В далеком 1938 году юная англичанка Летти впервые приезжает в Венецию на экскурсию, и дни, проведенные на старинных набережных, так переворачивают жизнь девушки, что ее судьба на годы сплетается с этим прекрасным городом. В суровые годы Второй мировой Летти вернётся в Италию и найдёт здесь преданных друзей и настоящую любовь. Увы, путь к счастью часто оказывается тернистым… 

А полвека спустя Венецию посещает двоюродная внучка Летти, Каролина.

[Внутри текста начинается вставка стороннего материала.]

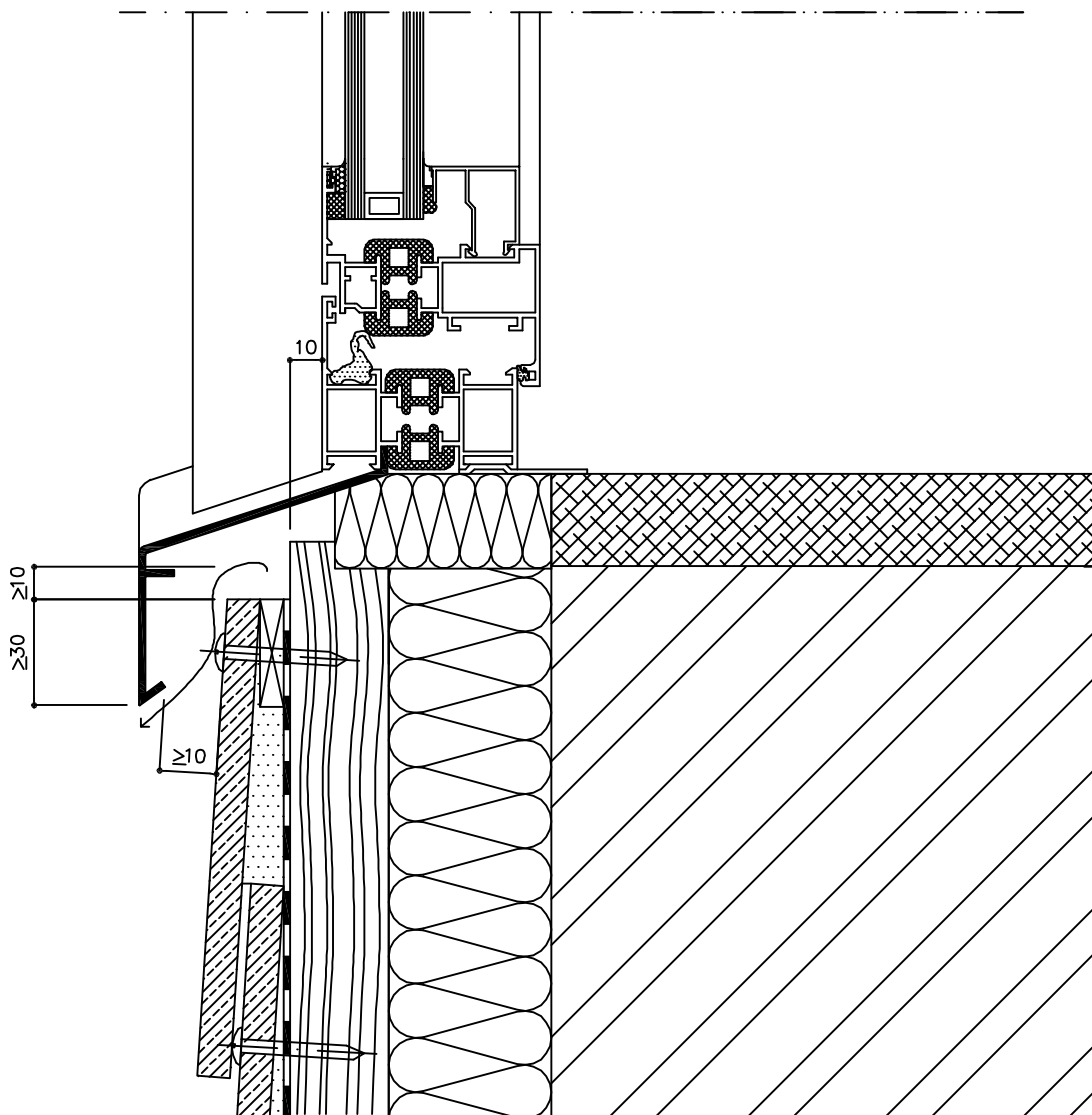

ВЕРТИКАЛЬНЫЙ ШОВ СО СТЫКОВОЙ ЛЕНТОЙ EPDM

VERTICAL JOINT WITH JOINT SEALING STRIP IN EPDM

12-01-28

PALANGĖS APDAILA BE U-PROFILIO

ОТДЕЛКА ПОДОКОННИКА БЕЗ U-ОБРАЗНОГО ПРОФИЛЯ

WINDOW FINISHING WITHOUT RETURN (SILL)

Молодая женщина везет с собой три старинных ключа — к сожалению, перед смертью бабушка не успела открыть их тайну. Каролине придется самой восстанавливать цепочку давно минувших событий, оказавшись при этом в водовороте удивительных и весьма необычных происшествий. Удастся ли Каролине обрести в Венеции то, что не удалось ее двоюродной бабушке?

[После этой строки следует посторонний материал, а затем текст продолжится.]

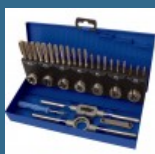

MAKITA DDF482RFE Masina de gaurit si insurubat cu 2 acumulatori Li-Ion, 18V, 3Ah, 62Nm

Cod produs:

DDF482RFE

preturile contin TVA 19%

Moment de rotatie maxim (Nm): 62

Caracteristici

Caracteristici tehnice:

Capacitate acumulator (V/Ah): 18 /3.0
Timp de incarcare acumulator (min): 22
Turatie in gol (rot/min): 0-1,900 / 0-600
Deschidere mandrina (mm): 1.5 -13
Capacitate de gaurire (mm)otel / lemn: 13 / 38
Moment de rotatie (Nm) : 62
Frana electrica: Da
Trepce mecanice de viteza: 2
Turatie variabila: Da
Inversor de sens: Da
Lumina de lucru: Da
Greutate conform EPTA (kg): 1.5

50 lei

CROMWELL Set varfuri surubelnita pentru ingineri - 32 piese ENGINEERS SCREWDRIVER BIT SET 32 piese

86 lei

CROMWELL Set surubelite izolate VDE 1000V SET 7 piese

110 lei

CROMWELL Burghiu Jobber de mare viteza din otel - 41 piese 6-10 mm x0.1 mm HSS S/S R-FDRILL SET

306 lei

CROMWELL Set metric de Filetare M3-M12 HSS THREADING SETIN CASE 32 piese

733 lei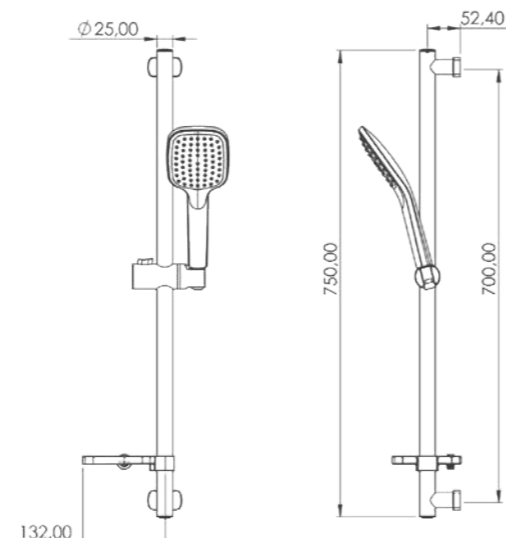

ÖZELLİKLER

- 75cm 304 paslanmaz çelik duş borusu
- 360 derece döner duş hortumu
- Silikon nozullu kireç kırıcı el duşu

AKS 6110

Model	Stick Ganj Sürgülü Duş Sistemi
Renk	Krom
Koli İç Adedi	12
Koli Ebadı	94x34x43 cm
Koli Ağırlığı	18,30 Kg
Fiyat	1.920,00₺

Две эпохи, две женские судьбы, головокружительное хитросплетение прошлого и настоящего на фоне Венеции — уникального по красоте «города влюбленных».

Пролог

Венеция, 1940 год


— Я пришел не только попрощаться с вами, у меня есть еще один, скрытый мотив. Не желаете ли послужить своей стране?

Вид у меня стал удивленный, а он тем временем продолжал:

— Все, что я буду говорить дальше, совершенно секретно, и вам придется подписать документ о неразглашении. — Он полез в карман и положил на стол листок бумаги. — Готовы это сделать?

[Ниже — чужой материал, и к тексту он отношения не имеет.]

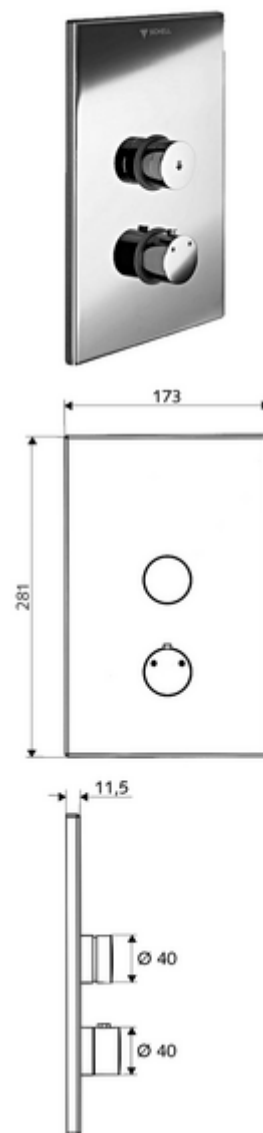

Číslo položky: 01 809 06 99

podomítková sprcha LINUS D SC T smíchaná voda, termostat ThermoProtect

Pro podomítkový Masterbox WBD-SC-T. Manuální spouštění s automatickým procesem uzavření.

obsah balení

- čelní deska
  - Ovládací tlačítko pro termostat s objímkou, odblokovatelná/aretovatelná tepelná pojistka 38 °C
  - Samouzavírací knoflík SC-V s přesuvnou objímkou
- montážní rám
- Upevňovací materiál

technické údaje

- materiál: Aktivace mosaz; Čelní deska mosaz
- povrch: Aktivace chrom; Čelní deska chrom
- rozměry čelní desky: š 173 mm x v 281 mm x h 11,5 mm

údaje o dodání

- hmotnost: 1,96 kg/kus
- jednotka balení: 1

nutné příslušenství

podomítkový Masterbox WBD-SC-T

obj. č.: 01 800 00 99

doporučené příslušenství

s termostatem rukojeť EasyGrip

obj. č.: 29 192 06 99

sprchová hlavice COMFORT Flex

obj. č.: 01 821 06 99 nebo

sprchová hlavice Aerosolarm

obj. č.: 01 814 06 99 nebo

nástěnné připojovací koleno PURIS

obj. č.: 06 469 06 99 nebo

nástěnné připojovací koleno

obj. č.: 06 463 06 99 nebo

Pro manuální termickou dezinfekci

elektromagnetický ventil termická dezinfekce

obj. č.: 01 875 00 99

klíčový spínač termické dezinfekce

obj. č.: 01 538 00 99

podomítkový zdroj 12 VDC, 100 - 240 VAC, 50 - 60 Hz

obj. č.: 01 566 00 99 nebo

zdroj 12 VDC, 100 - 240 VAC, 50 - 60 Hz

obj. č.: 01 490 00 99 nebo

elektrický rozdělovač 12 VDC, 100 - 240 VAC, 50 - 60 Hz

obj. č.: 01 537 00 99 nebo

Při příliš hluboké vestavbě Masterboxu

prodloužení sada D-SC-T 25 mm

obj. č.: 01 859 06 99 nebo

prodloužení sada D-SC-T 50 mm

obj. č.: 01 863 06 99 nebo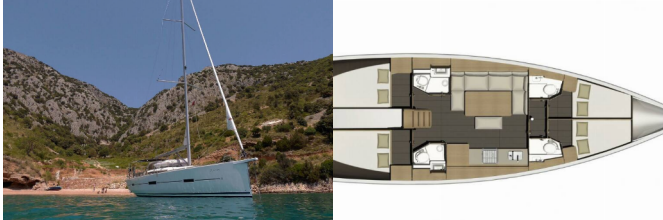

Base Yacht Marina Kastela, Croazia

Yacht ID 17

Marca Del Noleggio Dufour Yachts

Nome Divna

Anno Di Produzione 2018

Lunghezza 46 Ft

Cabine 4

Posti Letto 8 + 2

WC 4

ATTREZZATURE DI COPERTA: Ancora principale, Ausiliari di ancoraggio (Riserva di ancoraggio, ancora di rispetto), Benzina, Bussola principale, Canna d'acqua, Cime di ormeggio, Cockpit grill, Deck pennello (spazzalone), Doccetta esterna, Manovelle per winch, Motore fuoribordo, Panchetta, Parabordi, Paraspruzzi, Passerella, Piattaforma da bagno, Secchio di plastica, Tavolo pozzetto, Teak pozzetto, Tendalino, Tender, Varricello Salpancore

COMFORT: Asciugamani, Coperte, Cuscini, Cuscini per pozzetto, Lenzuola

CUCINA: Bombole del gas, Cantina di vini, Creatore di caffè, Forno, Frigorifero, Lavello, Utensili da cucina

ELETTRAUTO YACHT: Carica batterie, Inverter, Pompa, Prolunga per corrente 220 V, Riscaldamento, Spine DC 12V + tappo pozzetto

INTERIOR: Luci interne a LED, Maniglia per pompa di sentina, WC elettrici

L'INTRATTENIMENTO: Altoparlanti interni, AUX Input, Casse in pozzetto, Radio lettore CD

NAVIGAZIONE: Autopilota, Binocolo, Bussola da rilevamento, Carte nautiche, Carte nautiche e nautica guida, Elica di prua, GPS plotter cartografico - Pozzetto, Harbour guides, Log/speed instrument, Portolano, Riflettore radar, Wind/speed/depth instruments, Windex

SICUREZZA: Automatico della luce, Barra timone di rispetto, Buoyant smoke signal, Giubbotti di salvataggio, Horseshoe lifebuoy (salvagenti a ferro di cavallo), Imbracatura di sicurezza (cinture di sicurezza), Kit di pronto soccorso (farmacia), Luce galleggiante, Paddles (Remi), Radio VHF, Serbatoio nero, Set di attrezzi, Torcia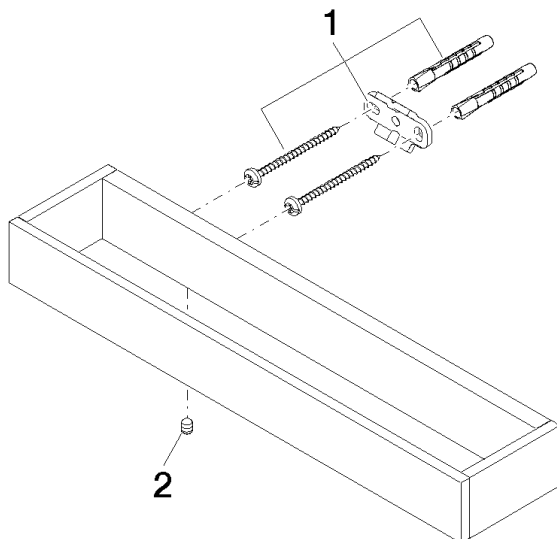

83 030 780

- entraxe 185 mm
- largeur 300 mm
- hauteur 35 mm
- saillie 65 mm

S'adapte aux gammes suivantes : MEM,  
CYO

	Platine	83 030 780-08
	Chrome	83 030 780-00
	Platine brossé	83 030 780-06
	Dark Chrome	83 030 780-19
	Laiton brossé (Or 23cts)	83 030 780-28
	Champagne brossé (Or 22cts)	83 030 780-46
	Champagne (Or 22cts)	83 030 780-47
	Dark Platinum brossé	83 030 780-99

83 030 780

mm [inches]

83 030 780

Les pièces pour les  
autres finitions  
peuvent être  
trouvées ici : Chrome

### Liste des pièces de rechange

N°	Article Numéro	Désignation	Fréquence de montage	Délai de livraison
1	05 17 20 717 00 90	set de fixation	2	2
2	90 31 11 004 00 90	tige	2	2

— Прямо так, не зная, чем это может грозить?

— Боюсь, что да. По законам военного времени.

Я немного поколебалась, не сводя с него глаз, потом подошла к столу.

— Наверно, если я подпишу, ничего страшного не случится. Я ведь все равно смогу не принять ваше предложение?

— О, совершенно верно. — Голос мистера Синклера звучал как-то слишком жизнерадостно.

— Тогда ладно.

Я проглядела документ, отметив, что нарушение секретности может привести к тюремному заключению или даже к смертной казни. Это отнюдь не обнадеживало, но я все равно подписала. Мой гость забрал листок и сунул его обратно в карман пиджака.

— У вас отсюда замечательный вид, мисс Браунинг, — сказал он.

— Знаю. Мне он тоже нравится.

— Насколько я понимаю, эта квартира принадлежит вам.

— Похоже, вам многое обо мне известно, — усмехнулась я.

— Так и есть. Нам пришлось покопаться в вашей биографии, прежде чем обратиться с этим предложением.

— И с каким же именно?

В кухонной нише громко засвистел закипевший чайник, заставив меня броситься к плите, пока этот звук не разбудил Анджело. Я заварила чай и вернулась в гостиную.

— У вас здесь отличное место для наблюдения за гаванью. Вы же в курсе, что тут стоят итальянские военные корабли? А теперь и немецкий флот может получить разрешение устроить здесь базу для нападения на Грецию, Кипр и Мальту. Нам бы хотелось ежедневно получать от вас отчеты об их передвижении. Если они покинут порт, вы дадите знак, и мы пошлем им наперехват самолеты.

— А что за знак? Вы оставите кого-нибудь для связи?

— Нет. — Он слегка покраснел. — Но мы пришлем рацию. Ее спрячут так, чтобы никто больше о ней не знал. Не пользуйтесь ею, когда эта ваша домработница будет тут, ей нельзя видеть рацию. Это понятно?

— Конечно, хотя она особым умом не блещет. Ей, наверно, даже не сообразить, что это такое.

— И тем не менее, — он предупреждающе погрозил мне пальцем. — Выходить в эфир нужно, как только вы заметите в гавани какую-то активность, чем скорее, тем лучше.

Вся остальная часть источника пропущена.